▶ _WHAT TO PRODUCE_
Pictures stay out of your copy, but everything else in the records below must be repeated exactly.

▶ _DATA LISTING_

********************

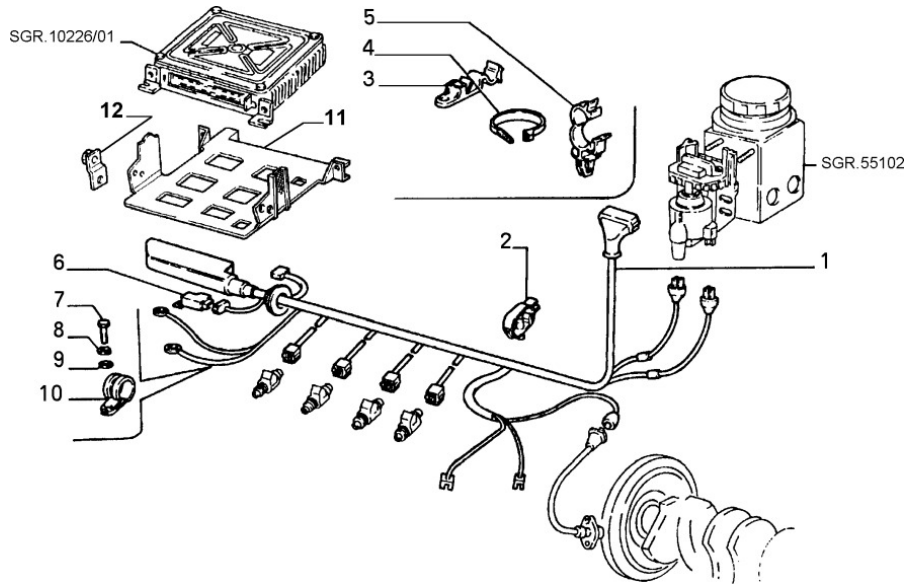

Injection System

Section	Ref	Part Num	Description	Count	Variant	Note
10225/01/2	1	82450294	CABLE HARNESS	1		
10225/01/2	2	82436759	CLIP	1		
10225/01/2	3	82409278	CLIP	1		
10225/01/2	4	14560187	STRAP	1		
10225/01/2	5	82452724	CLIP	1		
10225/01/2	6	7626476	RELAY	1		
10225/01/2	7	10979424	SCREW	2		
10225/01/2	8	12601274	LOCK WASHER	2		
10225/01/2	9	14496405	PLAIN WASHER	2		
10225/01/2	10	10442290	BRACKET	1		
10225/01/2	11	82424398	SUPPORT	1		
10225/01/2	12	82424130	BRACKET	1
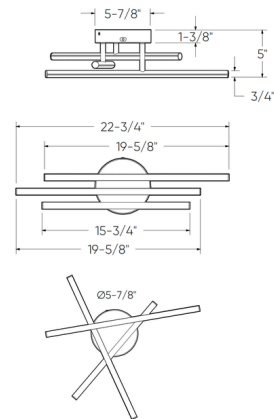

CLICK TO VIEW PRODUCT

Notes:
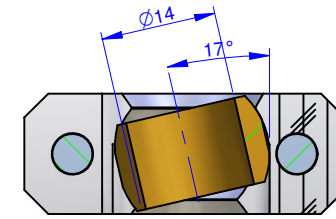

THE PROPERTY OF THIS DRAWING IS ESTABLISHED BY LAW
IT IS FORBIDDEN TO REPRODUCE IT OR SHOW IT TO THIRD PARTY
WITHOUT A WRITTEN AGREEMENT.

MODIFICATIONS:

7	10
8	11
9	12

VARIED DIMENSIONS AS OF DATE:

MODIFICATIONS:

1	4
2	5
3	6

VARIED DIMENSIONS AS OF DATE:

Format **A3**
UNI 936-76

Object Number	Name	QTY
1	KVB.KG.X14	1
2	WSL.KG.X.14.3	1
3	R.5.SCH	2
4	CAGWP.5.28	1
5	V.TCE M5x30	2

SEZIONE A-A

<p>FP Services</p> <p>GENERAL TOLERANCE: UNI - ISO 2768 CLASSE f</p>			DESIGNED FROM	
			FPSERVICES	
<p>DESCRIPTION</p>		DATE	WEIGHT	
		03/2015	0,062 kg	
<p>CODE</p> <p>CA.KVB.KG.X14</p>				
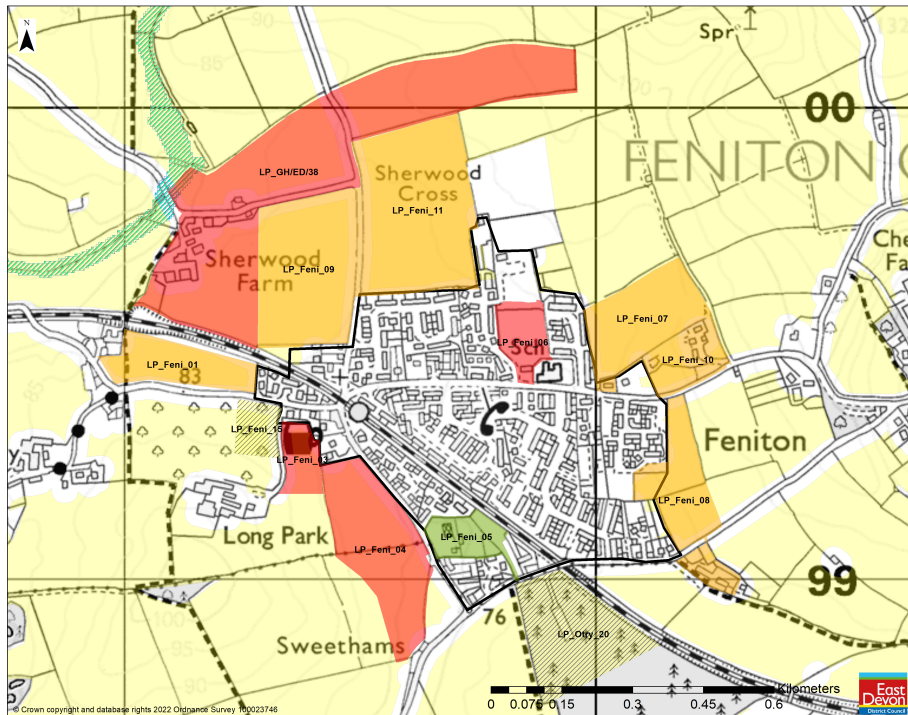

East Devon Local Plan 2020-2040 - Feniton

n.b. Items in the Legend that appear in regular type are for consultation; items in italics are for information only
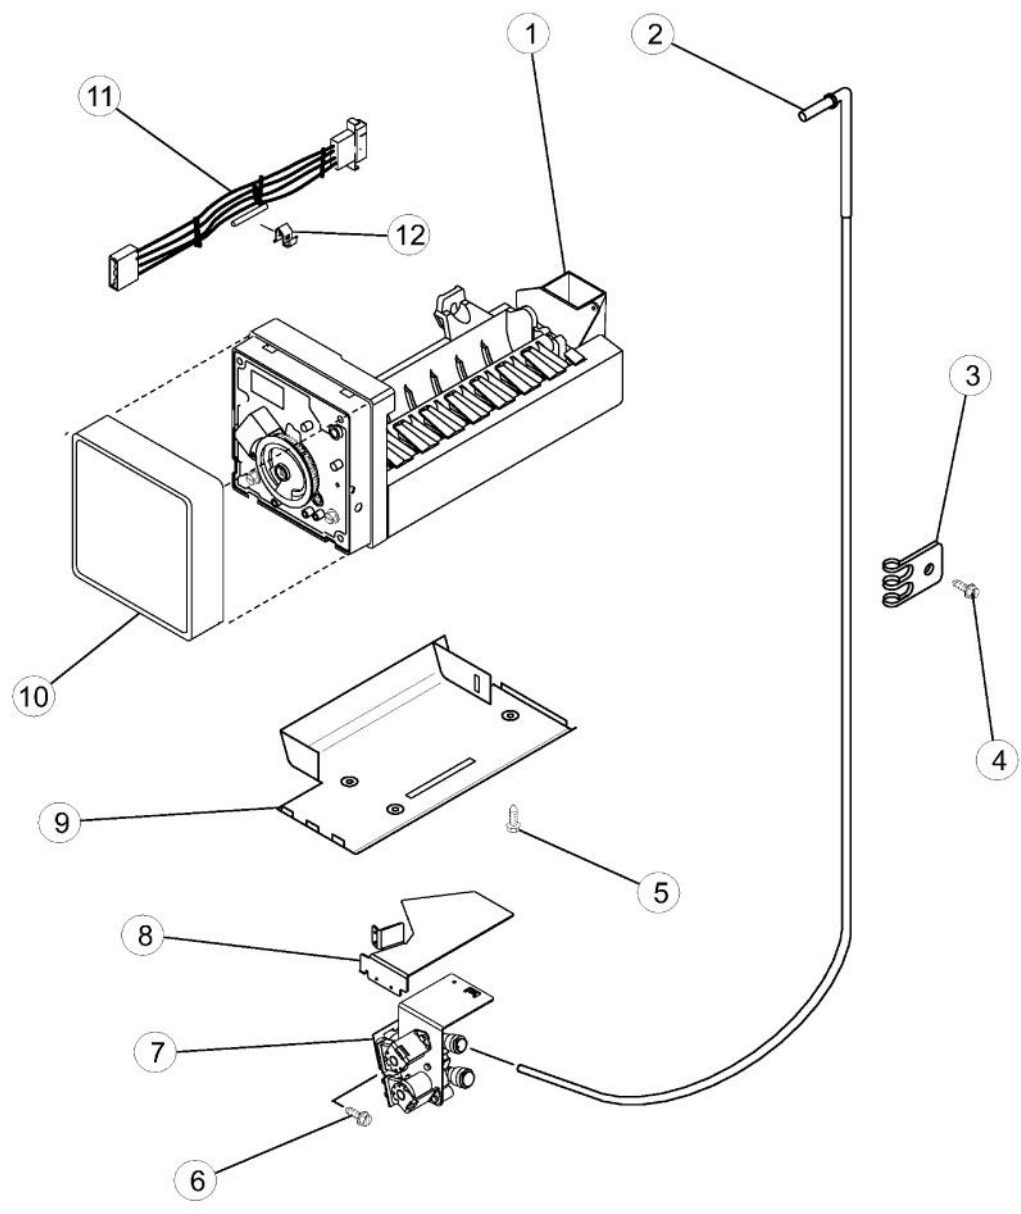

Ref #	Part Number	Qty.	Description
1	022176-000	1	ICEMAKER ASSEMBLY
2	021521-000	1	FITTING, WATER TUBE
3	021445-000	1	TUBE CLIP
4	021375-000	1	SCREW
5	022769-000	1	NO.N/A
6	021588-000	1	SCREW
7	021630-000	1	WATER VALVE ASM
8	021627-000	1	SHIELD, VALVE ASSY
9	021523-000	1	BRACKET, ICEMAKER MOUNTING
10	021404-000	1	COVER
11	021410-000	1	HARNESS, WIRING
12	PR120059	1	CLIP, FUSE
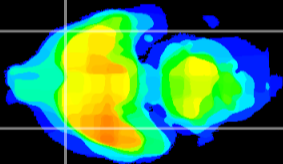

Coronal

Sagittal-R

Sagittal-L

ViBrism: CX24503
Horizontal

Pir
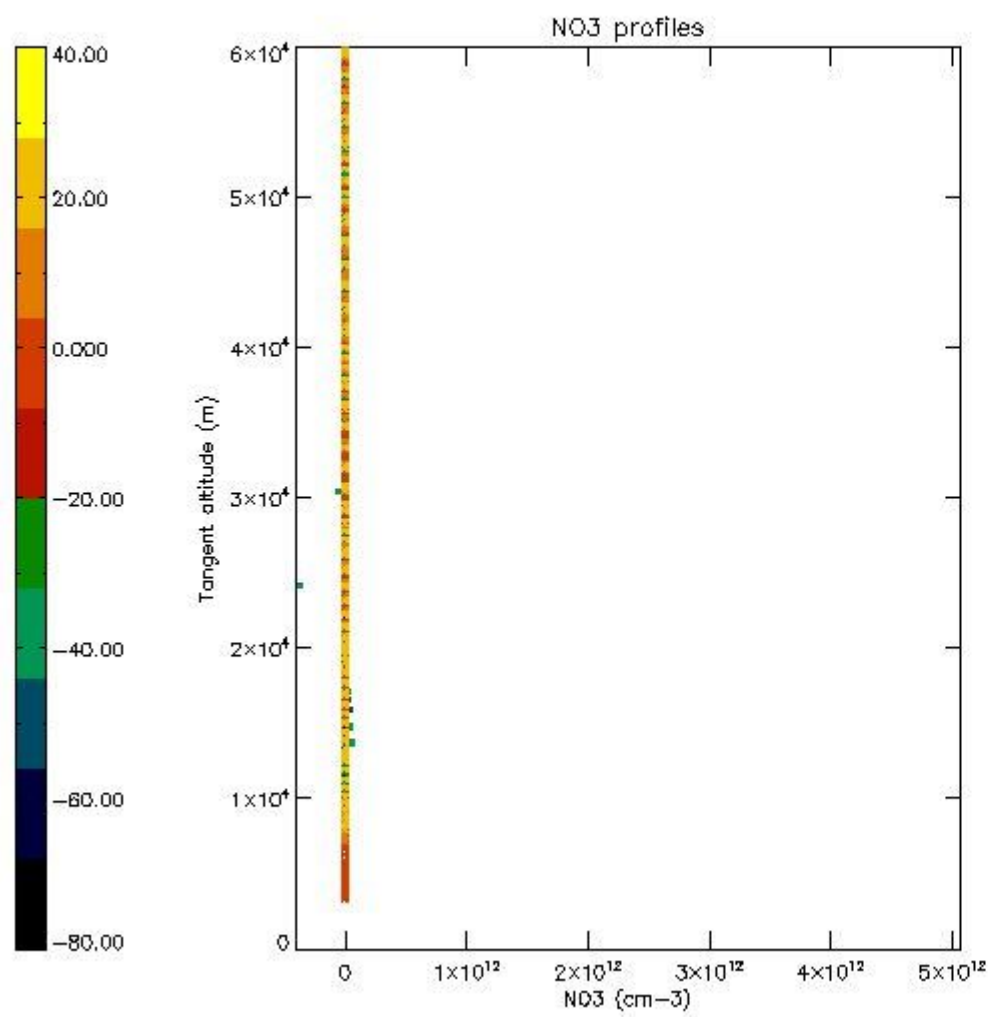

STD < 10	32
STD < 5	24

5.2 Plot ozone profiles for all STD (dark without errors)

The colorbar represents the latitude.

5.3 Plot ozone profiles where STD < 20% (dark without errors)

The colorbar represents the latitude.

5.4 Plot ozone profiles where STD < 10% (dark without errors)

The colorbar represents the latitude.

5.5 Plot ozone profiles where STD < 5% (dark without errors)

The colorbar represents the latitude.

5.6 Plot NO₂ profiles for all STD (dark without errors)

The colorbar represents the latitude.

5.7 Plot NO3 profiles for all STD (dark without errors)

The colorbar represents the latitude.

5.8 Plot H2O profiles for all STD (only for occultations of stars 1,2,3,4,13,14,16,26,63 dark without errors)
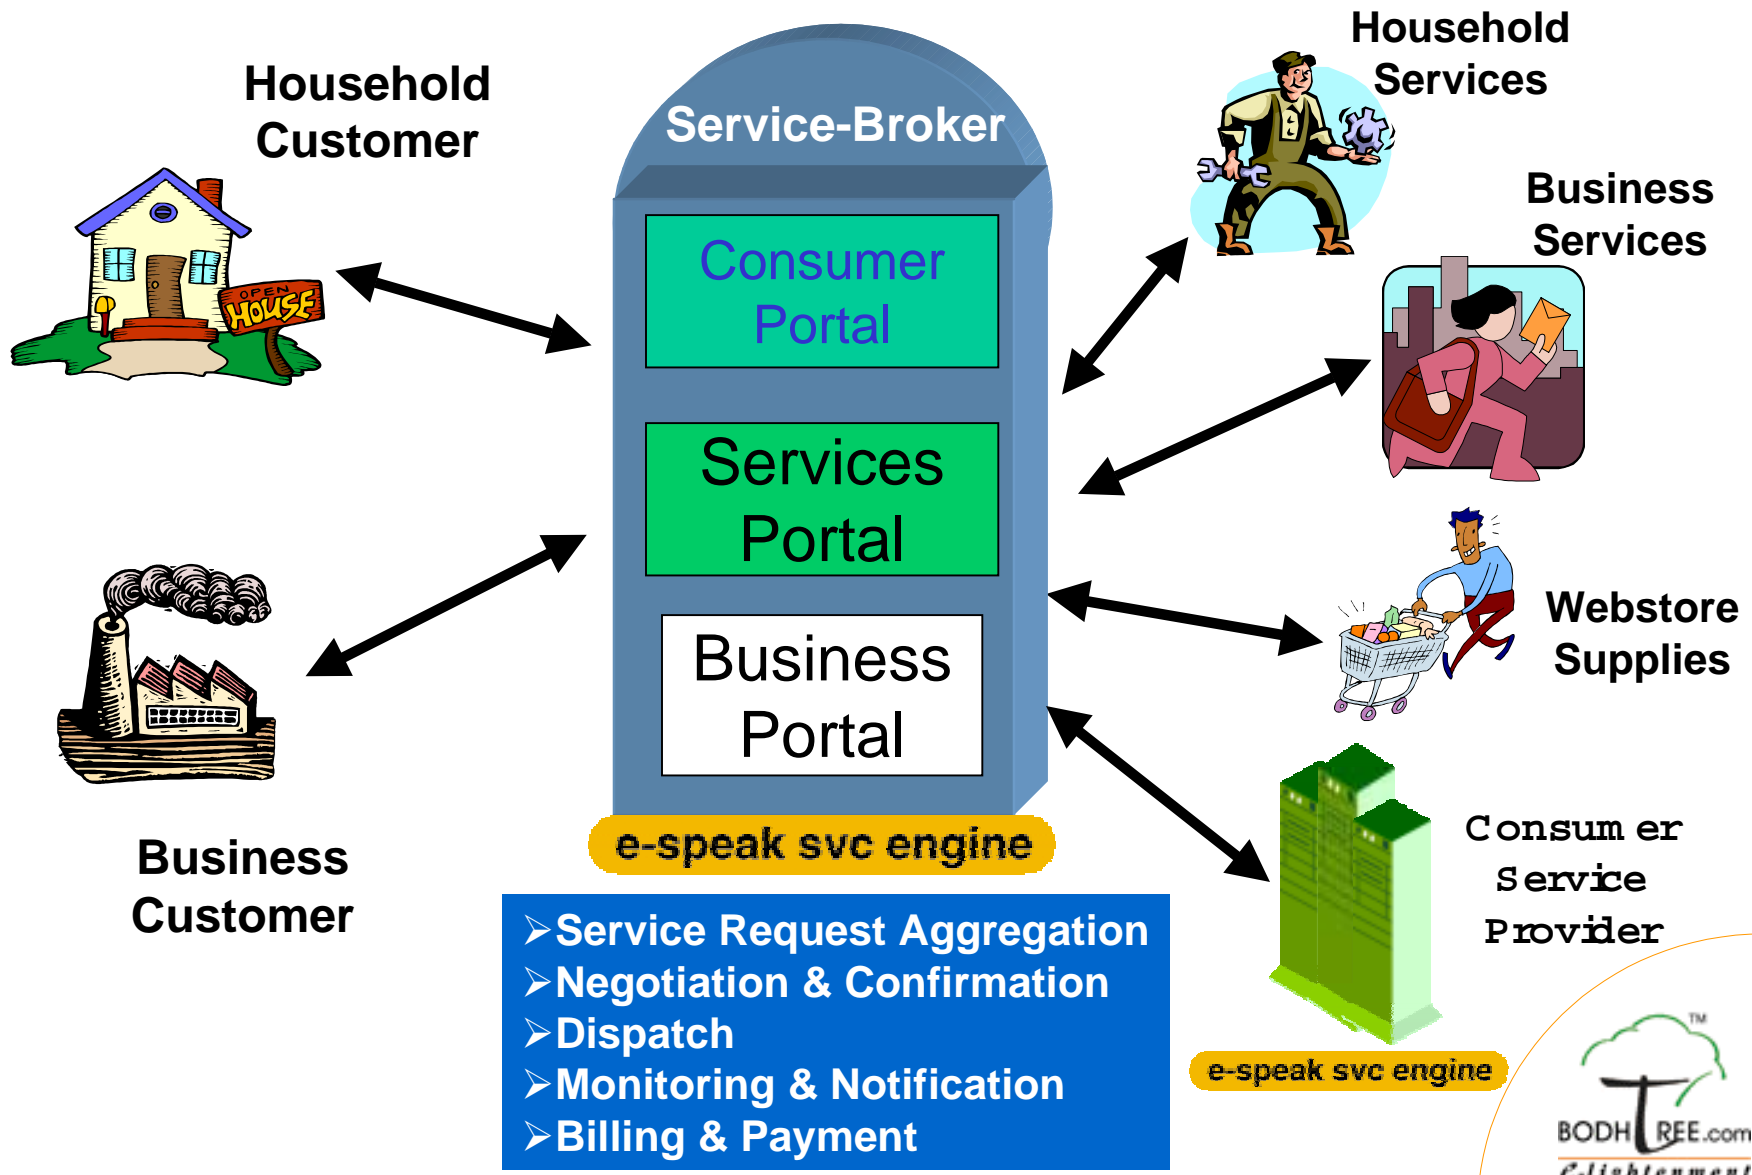

3C

Accelerator

MERIT

E-speak
Tools

E-speak
Aggregator

- ❑ **Create** a community
- ❑ **Define, Classify, Administer** the community
- ❑ **Advertise** the community
- ❑ **Discover** and **Notify** prospective members

BodhTree - Features of 3C Accelerator

3C
Accelerator

MERIT

E-speak
Tools

E-speak
Aggregator

- Enables **intra-community** interactions
 - **Notification** of events of interest
 - Commerce offerings to a group or all members
 - **Aggregation** of buying and selling requests
 - Product and service companies get **notification** of buy/sell requirements
 - **Commerce** notification to the members of the community
 - Chat rooms, bulletin boards, instant messaging with WAP facility

BodhTree – A services open marketplace

BodhTree - A services open marketplace

Home Services Solutions Service Providers Service Customers Register Login About us?

Look for services in your area Service Providers Click here

********************

▶ _ANSWER TO THIS EXERCISE_
Injection System

Section	Ref	Part Num	Description	Count	Variant	Note
10225/01/2	1	82450294	CABLE HARNESS	1		
10225/01/2	2	82436759	CLIP	1		
10225/01/2	3	82409278	CLIP	1		
10225/01/2	4	14560187	STRAP	1		
10225/01/2	5	82452724	CLIP	1		
10225/01/2	6	7626476	RELAY	1		
10225/01/2	7	10979424	SCREW	2		
10225/01/2	8	12601274	LOCK WASHER	2		
10225/01/2	9	14496405	PLAIN WASHER	2		
10225/01/2	10	10442290	BRACKET	1		
10225/01/2	11	82424398	SUPPORT	1		
10225/01/2	12	82424130	BRACKET	1

CLICK TO VIEW PRODUCT

Notes:

THE PROPERTY OF THIS DRAWING IS ESTABLISHED BY LAW
IT IS FORBIDDEN TO REPRODUCE IT OR SHOW IT TO THIRD PARTY
WITHOUT A WRITTEN AGREEMENT.

MODIFICATIONS:

7	10
8	11
9	12

VARIED DIMENSIONS AS OF DATE:

MODIFICATIONS:

1	4
2	5
3	6

VARIED DIMENSIONS AS OF DATE:

Format **A3**
UNI 936-76

Object Number	Name	QTY
1	KVB.KG.X14	1
2	WSL.KG.X.14.3	1
3	R.5.SCH	2
4	CAGWP.5.28	1
5	V.TCE M5x30	2

SEZIONE A-A

<p>FP Services</p> <p>GENERAL TOLERANCE: UNI - ISO 2768 CLASSE f</p>			DESIGNED FROM	
			FPSERVICES	
<p>DESCRIPTION</p>		DATE	WEIGHT	
		03/2015	0,062 kg	
<p>CODE</p> <p>CA.KVB.KG.X14</p>				

East Devon Local Plan 2020-2040 - Feniton

n.b. Items in the Legend that appear in regular type are for consultation; items in italics are for information only

Ref #	Part Number	Qty.	Description
1	022176-000	1	ICEMAKER ASSEMBLY
2	021521-000	1	FITTING, WATER TUBE
3	021445-000	1	TUBE CLIP
4	021375-000	1	SCREW
5	022769-000	1	NO.N/A
6	021588-000	1	SCREW
7	021630-000	1	WATER VALVE ASM
8	021627-000	1	SHIELD, VALVE ASSY
9	021523-000	1	BRACKET, ICEMAKER MOUNTING
10	021404-000	1	COVER
11	021410-000	1	HARNESS, WIRING
12	PR120059	1	CLIP, FUSE

Coronal

Sagittal-R

Sagittal-L

ViBrism: CX24503
Horizontal

Pir

STD < 10	32
STD < 5	24

5.2 Plot ozone profiles for all STD (dark without errors)

The colorbar represents the latitude.

5.3 Plot ozone profiles where STD < 20% (dark without errors)

The colorbar represents the latitude.

5.4 Plot ozone profiles where STD < 10% (dark without errors)

The colorbar represents the latitude.

5.5 Plot ozone profiles where STD < 5% (dark without errors)

The colorbar represents the latitude.

5.6 Plot NO₂ profiles for all STD (dark without errors)

The colorbar represents the latitude.

5.7 Plot NO3 profiles for all STD (dark without errors)

The colorbar represents the latitude.

5.8 Plot H2O profiles for all STD (only for occultations of stars 1,2,3,4,13,14,16,26,63 dark without errors)

3C

Accelerator

MERIT

E-speak
Tools

E-speak
Aggregator

- ❑ **Create** a community
- ❑ **Define, Classify, Administer** the community
- ❑ **Advertise** the community
- ❑ **Discover** and **Notify** prospective members

BodhTree - Features of 3C Accelerator

3C
Accelerator

MERIT

E-speak
Tools

E-speak
Aggregator

- Enables **intra-community** interactions
 - **Notification** of events of interest
 - Commerce offerings to a group or all members
 - **Aggregation** of buying and selling requests
 - Product and service companies get **notification** of buy/sell requirements
 - **Commerce** notification to the members of the community
 - Chat rooms, bulletin boards, instant messaging with WAP facility

BodhTree – A services open marketplace

BodhTree - A services open marketplace

Home Services Solutions Service Providers Service Customers Register Login About us?

Look for services in your area Service Providers Click here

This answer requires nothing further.